Records contained in a dataset
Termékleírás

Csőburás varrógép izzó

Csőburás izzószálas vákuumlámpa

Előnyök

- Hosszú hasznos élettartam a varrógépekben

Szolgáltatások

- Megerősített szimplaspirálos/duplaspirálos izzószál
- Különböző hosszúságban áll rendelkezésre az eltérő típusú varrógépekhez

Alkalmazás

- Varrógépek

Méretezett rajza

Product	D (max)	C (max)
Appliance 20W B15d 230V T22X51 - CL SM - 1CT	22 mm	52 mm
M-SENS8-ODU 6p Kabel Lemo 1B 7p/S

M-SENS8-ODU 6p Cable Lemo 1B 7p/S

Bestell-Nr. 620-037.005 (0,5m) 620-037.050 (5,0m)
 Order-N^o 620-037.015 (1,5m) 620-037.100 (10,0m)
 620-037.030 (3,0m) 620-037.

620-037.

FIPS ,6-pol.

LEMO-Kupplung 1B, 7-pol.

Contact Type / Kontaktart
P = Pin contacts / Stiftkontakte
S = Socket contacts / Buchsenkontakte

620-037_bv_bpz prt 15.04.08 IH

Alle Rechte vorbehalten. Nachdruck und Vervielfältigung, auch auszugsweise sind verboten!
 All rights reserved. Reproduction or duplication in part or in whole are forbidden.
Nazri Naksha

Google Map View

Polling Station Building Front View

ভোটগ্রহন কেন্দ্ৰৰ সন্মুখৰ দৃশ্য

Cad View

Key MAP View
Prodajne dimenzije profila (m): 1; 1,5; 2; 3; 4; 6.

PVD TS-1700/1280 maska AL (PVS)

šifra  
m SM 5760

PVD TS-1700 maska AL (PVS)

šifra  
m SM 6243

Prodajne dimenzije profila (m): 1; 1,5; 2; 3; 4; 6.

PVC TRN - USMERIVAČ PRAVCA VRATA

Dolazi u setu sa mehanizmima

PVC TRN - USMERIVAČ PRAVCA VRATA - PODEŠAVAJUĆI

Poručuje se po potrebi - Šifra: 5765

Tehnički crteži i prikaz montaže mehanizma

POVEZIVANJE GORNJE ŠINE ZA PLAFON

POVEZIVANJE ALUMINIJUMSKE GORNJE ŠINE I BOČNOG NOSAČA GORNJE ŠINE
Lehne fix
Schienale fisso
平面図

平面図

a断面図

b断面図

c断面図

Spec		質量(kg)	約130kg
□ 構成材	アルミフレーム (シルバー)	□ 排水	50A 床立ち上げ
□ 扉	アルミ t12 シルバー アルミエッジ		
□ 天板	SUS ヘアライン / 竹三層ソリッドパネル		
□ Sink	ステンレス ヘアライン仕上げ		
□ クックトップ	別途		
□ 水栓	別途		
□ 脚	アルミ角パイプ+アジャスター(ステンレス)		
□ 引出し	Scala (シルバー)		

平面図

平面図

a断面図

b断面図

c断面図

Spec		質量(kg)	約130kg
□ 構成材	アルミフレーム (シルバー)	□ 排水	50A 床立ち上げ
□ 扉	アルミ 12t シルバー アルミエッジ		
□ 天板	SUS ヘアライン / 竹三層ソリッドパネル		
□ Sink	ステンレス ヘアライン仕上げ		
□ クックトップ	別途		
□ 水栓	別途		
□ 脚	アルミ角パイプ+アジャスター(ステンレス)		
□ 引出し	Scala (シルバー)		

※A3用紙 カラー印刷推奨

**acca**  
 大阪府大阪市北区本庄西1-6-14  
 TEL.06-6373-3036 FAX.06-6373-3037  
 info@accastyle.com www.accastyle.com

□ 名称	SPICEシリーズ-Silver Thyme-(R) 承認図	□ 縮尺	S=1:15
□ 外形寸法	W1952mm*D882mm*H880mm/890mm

---

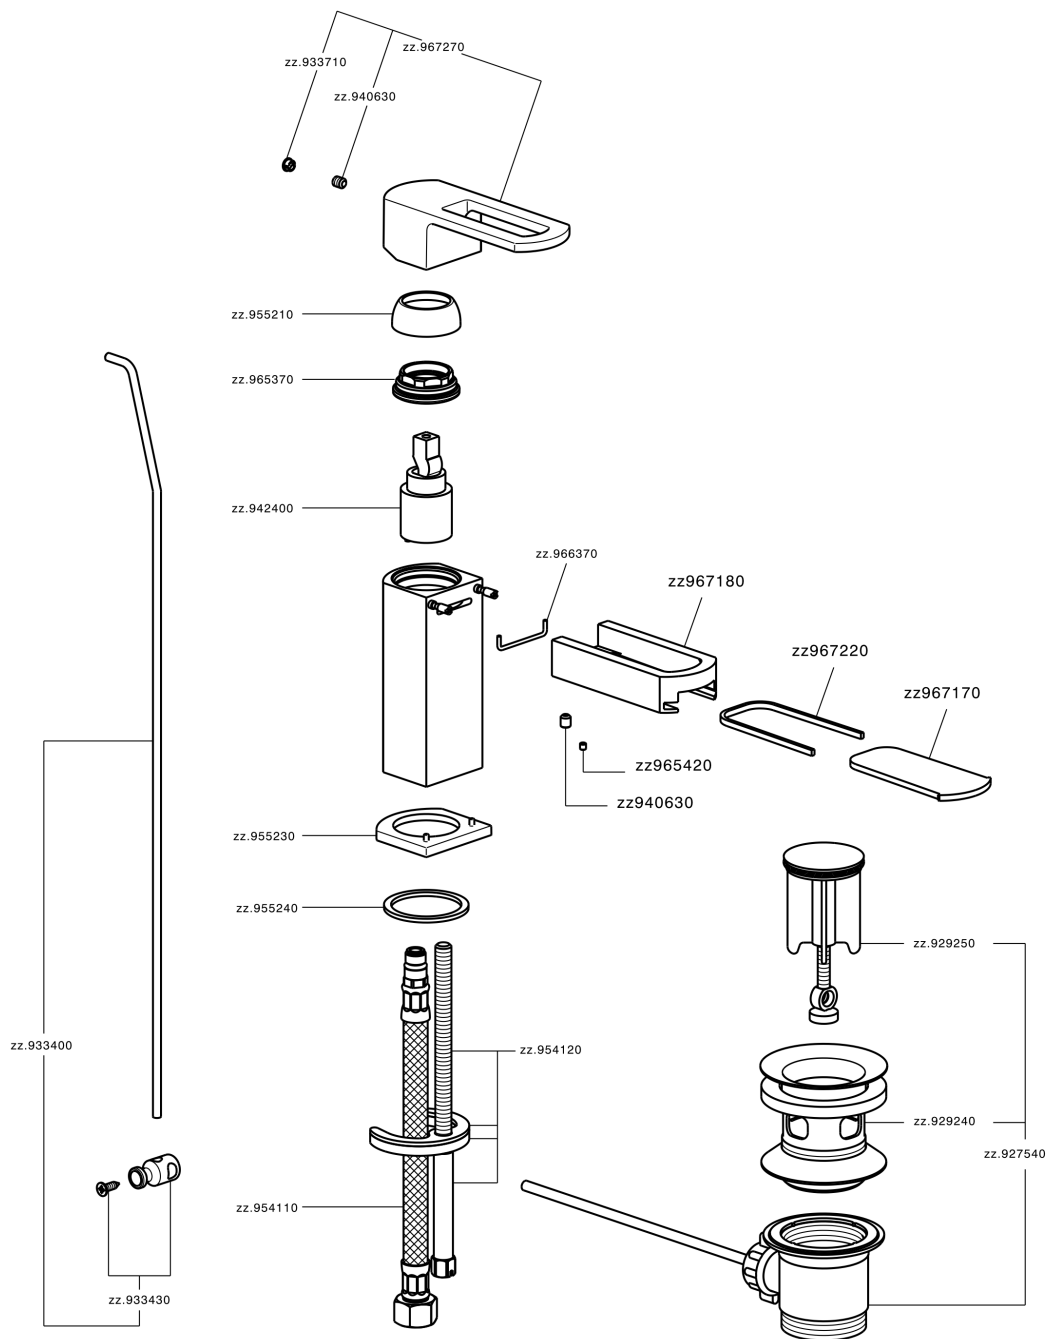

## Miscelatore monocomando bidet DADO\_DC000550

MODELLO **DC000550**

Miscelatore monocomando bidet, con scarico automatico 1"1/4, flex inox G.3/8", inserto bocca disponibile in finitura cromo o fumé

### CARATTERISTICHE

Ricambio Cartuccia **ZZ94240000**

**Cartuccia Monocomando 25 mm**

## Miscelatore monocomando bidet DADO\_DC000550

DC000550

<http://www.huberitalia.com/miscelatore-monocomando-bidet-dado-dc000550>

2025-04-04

## What you are asked to do
Which lines above hold the string "POVEZIVANJE"? Copy each of them.

## Exercise answer
POVEZIVANJE GORNJE ŠINE ZA PLAFON
POVEZIVANJE ALUMINIJUMSKE GORNJE ŠINE I BOČNOG NOSAČA GORNJE ŠINE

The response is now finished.